= Onyekwere Akwari =

Nigerian-American surgeon

Onyekwere E. Akwari, M.D., F.A.C.S., F.R.C.S. (C.) (June 5, 1942 – April 14, 2019) was Nigerian-American, and was Duke University's first African-American surgeon. His academic career involved laboratory research, complex general surgery, teaching and advocacy from the undergraduate through postdoctoral levels, and contributions to Duke University and American surgery.

== Early years, education and training ==
Onyekwere Emmanuel Akwari was born on June 5, 1942, in Aba (at that time in the Imo State, now the Abia State, of southeastern colonial Nigeria) to Ngarasi Christiana Ukegbu, a shopkeeper and landlord, and Theophilus Egesi Akwari, owner of an export-import firm. Akwari was the eldest of eight siblings.

Akwari's primary education was in Government School, Aba until age 12 when he became a boarding student at Hope Waddell Training Institution. He became senior prefect and valedictorian, graduated, and earned his higher school certificate in a colonial educational system conforming to British education. (Nigeria gained independence from England in 1960, the “Year of Independence” for some 17 African countries.) Akwari received a scholarship to the University of Washington for his undergraduate education from the competitive African Scholarship Program for American Universities (ASPAU), a collaboration between the African countries, a cohort of US universities, and the predecessor of the US Agency for International Development.

In 1966, Akwari began medical school at the University of Southern California. Akwari served as president of his first-year class and, in his fourth year, president of the medical student body receiving an award for outstanding contributions to the school.

In 1967, the Igbo sought independence from Nigeria. A civil war ensued, cutting Akwari's contact with family until 1970 and decimating the family businesses. Akwari began his general surgery residency at the Mayo Clinic in Rochester, Minnesota in 1970.

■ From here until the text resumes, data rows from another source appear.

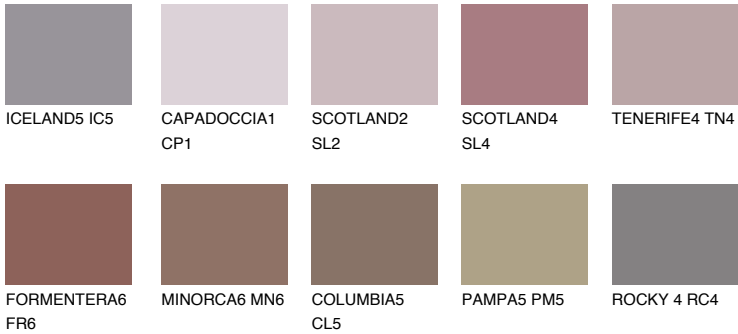

## AMETHYST WIND

☀ 11%

### Matching colours

#### COLOURS

#### INTENSE

For more information on plasters and paints, go to [www.ceresit.ee](http://www.ceresit.ee)

\*The presented colours refer to plasters and paints offered by Ceresit. Due to the use of digital techniques, the presented colours might not represent the original ones, thus they cannot be considered as a reliable colour presentation. We recommend checking the authentic colour samples.
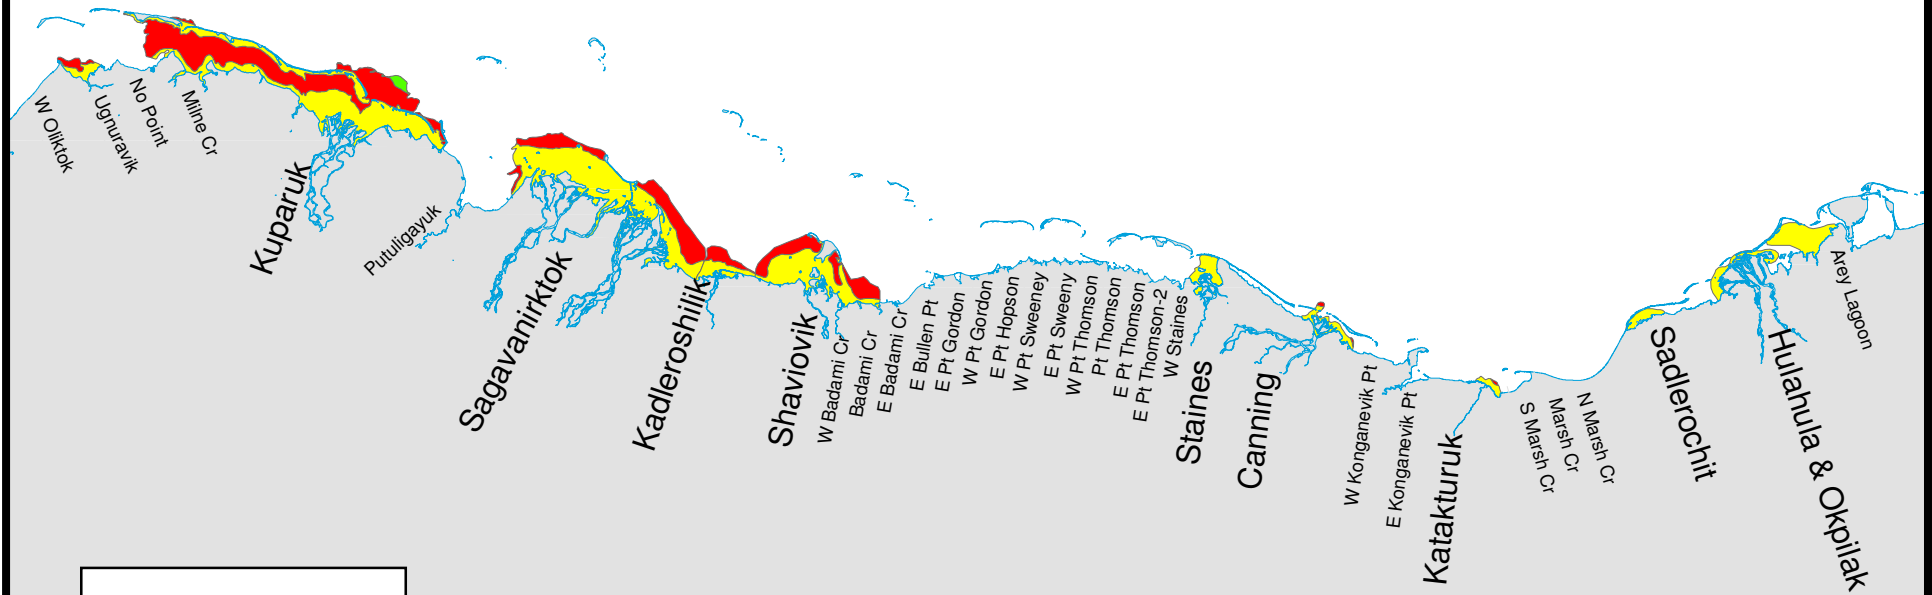

2003 Strudel Scour Potential - East

Legend

- Primary Zone
- Secondary Zone
- Tertiary Zone
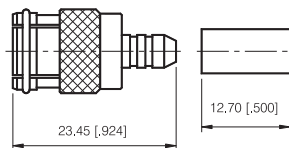

Mini UHF Series

CRIMP ATTACHMENTS FOR FLEXIBLE CABLE

STRAIGHT CRIMP PLUG-CAPTIVE CONTACT

P/N	Cable Group	Impedance
106-M010	01	50
106-M011	02	50
106-M012	09	50

STRAIGHT CRIMP PLUG

P/N	Cable Group	Impedance
106-M020	01	50
106-M021	02	50
106-M022	09	50

PUSH-ON CRIMP PLUG

P/N	Cable Group	Impedance
106-M030	01	50
106-M031	02	50
106-M032	09	50

RIGHT ANGLE CRIMP PLUG

P/N	Cable Group	Impedance
106-M040	01	50
106-M041	02	50
106-M042	09	50

Mini UHF Series

CRIMP ATTACHMENTS FOR FLEXIBLE CABLE
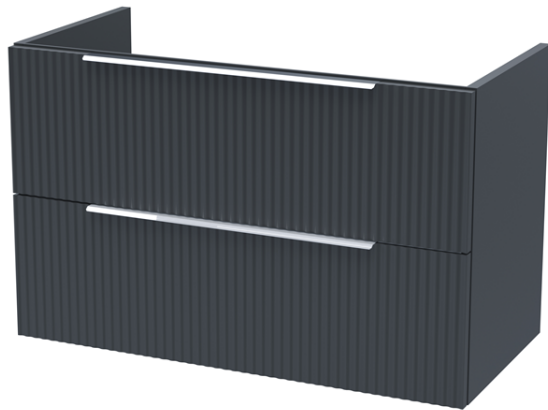

**Sales Code:** DFF1495W

**Description:** 800 W/H 2-Drawer Vanity & Worktop

**Packaging Details**

Barcode: 5056462678955

Sales Code: FLU1495

Description: 800 W/H 2-Drawer Unit

### Product Dimensions

Height (mm):	500
Width (mm):	800
Depth (mm):	383
Nett Weight (kg):	24.5

### Packaging Dimensions

Height (mm):	520
Width (mm):	820
Depth (mm):	405
Gross Weight (kg):	25

### Product Dimensions

Height (mm):	18
Width (mm):	805
Depth (mm):	390
Nett Weight (kg):	3.5
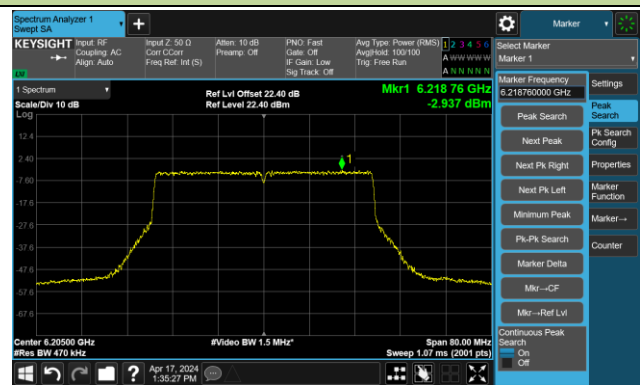

## The Reference Level

## The Mask Data

802.11ax-HE20 – Ant 3

Channel 229 (7095MHz)

The Reference Level

The Mask Data

802.11ax-HE40 – Ant 3

Channel 3 (5965MHz)

The Reference Level

The Mask Data

Channel 51 (6205MHz)

The Reference Level

The Mask Data

Channel 91 (6405MHz)

The Reference Level

The Mask Data

Akwari was a Mayo Foundation Scholar and a Stanley Johnson Scholar performing gastrointestinal research in the laboratories of Drs. Keith Kelly, Charles F. Code, and Sidney F. Phillips. From January to June 1977, in a six-month interregnum from the Mayo Clinic, he co-created the training program in Emergency Medicine at King-Drew Medical Center in Los Angeles.

== Academic career ==
Akwari was recruited to Duke University as associate professor of surgery in 1978 by Dr. David C. Sabiston Jr. Akwari was Duke's first African-American surgeon and second black tenure-track hire, at the time, in the Duke University School of Medicine. He published over 150 papers and book chapters and presented at over 70 national meetings. In addition to clinical practice and academic research and writing, he served the Medical Center, the university, national and international surgery on numerous committees, and served American and international surgery by serving on committees and boards of major surgical societies. His career was abbreviated by a stroke in 1995.

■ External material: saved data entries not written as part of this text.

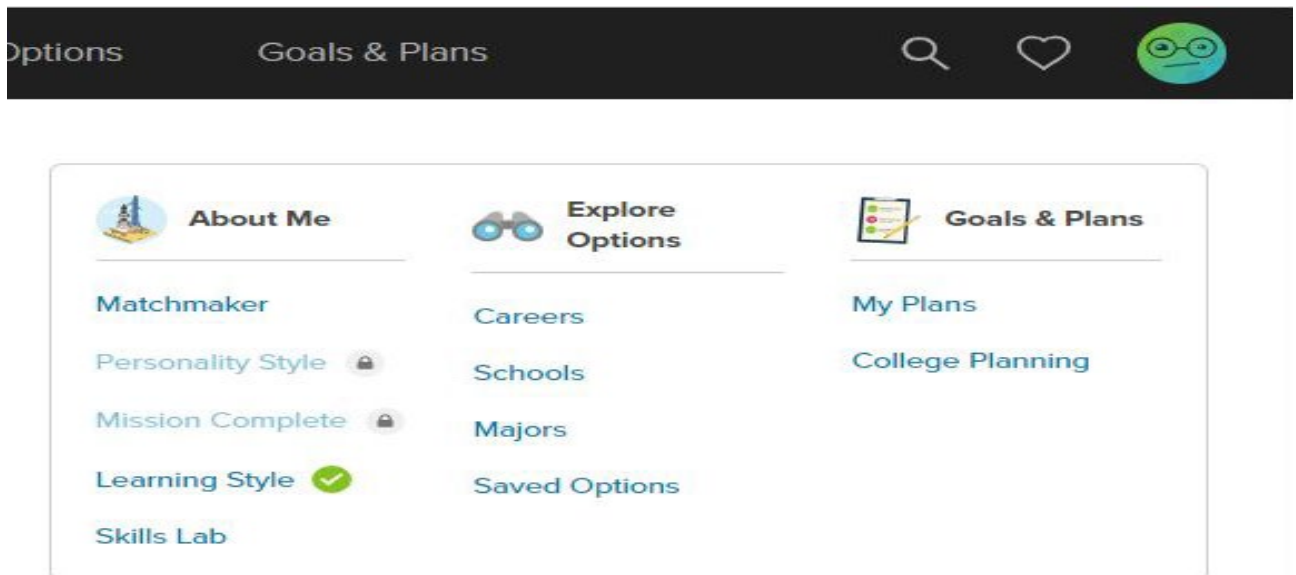

Xello Login and Assessment Information

1. Login in at the following site: <https://login.xello.world/>
2. Login information:

User Name: GRAN-fl123456
(first initial, last initial, ID number)
Password: 123456
(ID number)

3. Complete the following assessments:

- Matchmaker
- Personality Style
- Skills Lab
- Personality Style
- Mission Complete.

(The personality style and mission complete will unlock once you have completed the other assessments.)

Among his society memberships were the Society for Surgery of the Alimentary Tract, the National Medical Association, the American Motility society, and the Association of Veterans Administration Surgeons. He was a Fellow of the American College of Surgeons, the Royal College of Surgeons and the American Surgical Association. He was a founding member of the Trauma Association of Canada and the World Association of Hepato-Pancreato-Biliary Surgery. He headed the surgical section of the National Medical Association. In 1989, Akwari organized the first meeting of the Society of Black Academic Surgeons. He served as its second president.

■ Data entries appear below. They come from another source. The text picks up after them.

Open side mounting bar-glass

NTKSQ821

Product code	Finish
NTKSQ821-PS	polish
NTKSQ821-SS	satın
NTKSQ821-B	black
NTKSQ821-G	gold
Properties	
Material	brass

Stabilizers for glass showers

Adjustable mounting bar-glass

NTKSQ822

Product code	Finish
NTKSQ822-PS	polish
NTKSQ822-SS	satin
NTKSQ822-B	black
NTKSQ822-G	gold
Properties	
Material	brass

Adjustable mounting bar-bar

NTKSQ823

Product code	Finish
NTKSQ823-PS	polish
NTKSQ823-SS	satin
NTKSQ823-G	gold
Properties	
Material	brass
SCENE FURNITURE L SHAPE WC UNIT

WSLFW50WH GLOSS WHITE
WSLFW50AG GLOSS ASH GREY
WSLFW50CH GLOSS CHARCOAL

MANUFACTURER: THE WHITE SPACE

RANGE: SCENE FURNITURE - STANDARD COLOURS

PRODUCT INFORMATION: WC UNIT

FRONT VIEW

Akwari received the Golden Apple Award voted by the Duke medical student body, and the University Scholar/Teacher of the Year Award. With other pioneering African-American faculty in the medical school, Akwari championed fair treatment of minority medical students and increased hiring of minority faculty.

Two endowments in Akwari's honor include a distinguished professorship awarding early-career faculty five years of support for their academic promise and an Akwari Society honoring humanism in Surgery, both at Duke University School of Medicine. The Society for Black Academic Surgeons presents the Onye Emmanuel Akwari, MD Award to a medical student for excellence presenting at its annual meeting.

His personal and academic papers are housed at the Duke University Medical Center Archives.